Summary
Growing interest in understanding, predicting, and controlling advanced oil-recovery methods emphasizes the importance of numerical methods that exploit the nature of the underlying physics. The fully implicit method offers unconditional stability of the discrete approximations. This stability comes at the expense of transferring the inherent physical stiffness onto the coupled nonlinear residual equations that are solved at each timestep. Current reservoir simulators apply safeguarded variants of Newton's method that can neither guarantee convergence nor provide estimates of the relation between convergence rate and timestep size. In practice, timestep chops become necessary and are guided heuristically. With growing complexity, such as in thermally reactive compositional flows, convergence difficulties can lead to substantial losses in computational effort and prohibitively small timesteps. We establish an alternative class of nonlinear iteration that converges and associates a timestep to each iteration. Moreover, the linear solution process within each iteration is performed locally.
By casting the nonlinear residual equations for a given timestep as an initial-value problem, we formulate a continuation-based solution process that associates a timestep size with each iteration.
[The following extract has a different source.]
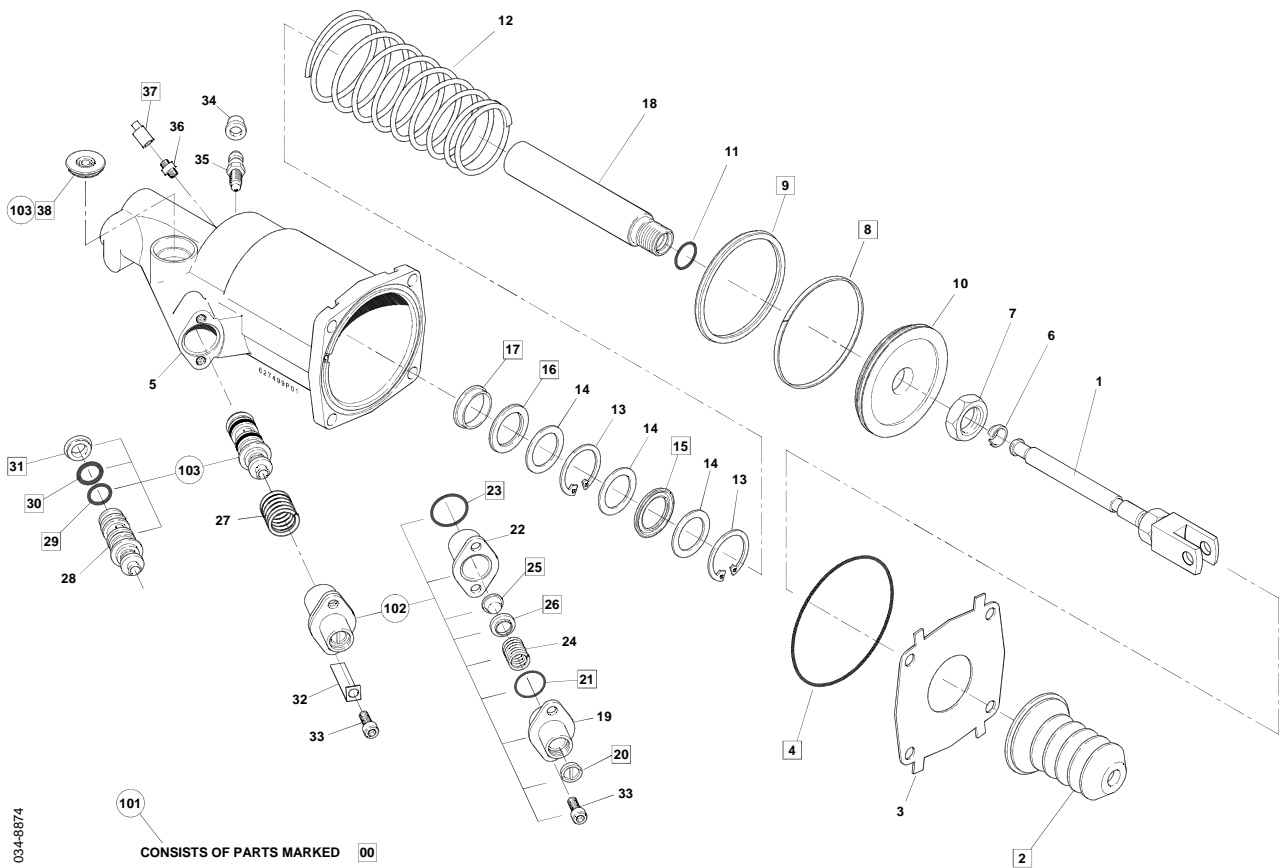

Part No.	Description	Pos. No.	Fits	Notes
627499AM	Clutch Servo		ATRA 462	Supersedes ACHC 450
627622AM	Repair Kit	101		Main Kit
627623AM	Repair Kit	102		Air Valve
627624AM	Repair Kit	103	ATRA 398	Spool Assy

Subsequently, no iterations are wasted and a solution is always attainable. Moreover, we show that the rate of progression is as rapid as that for a convergent standard Newton method. Moreover, by exploiting the local nature of nonlinear wave propagation typical to multiphase-flow problems, we establish a linear solution process that performs computation only where necessary. That is, given a linear convergence tolerance, we identify a minimal subset of solution components that will change by more than the specified tolerance. Using this a priori criterion, each linear step solves a reduced system of equations. Several challenging examples are presented, and the results demonstrate the robustness and computational efficiency of the proposed method.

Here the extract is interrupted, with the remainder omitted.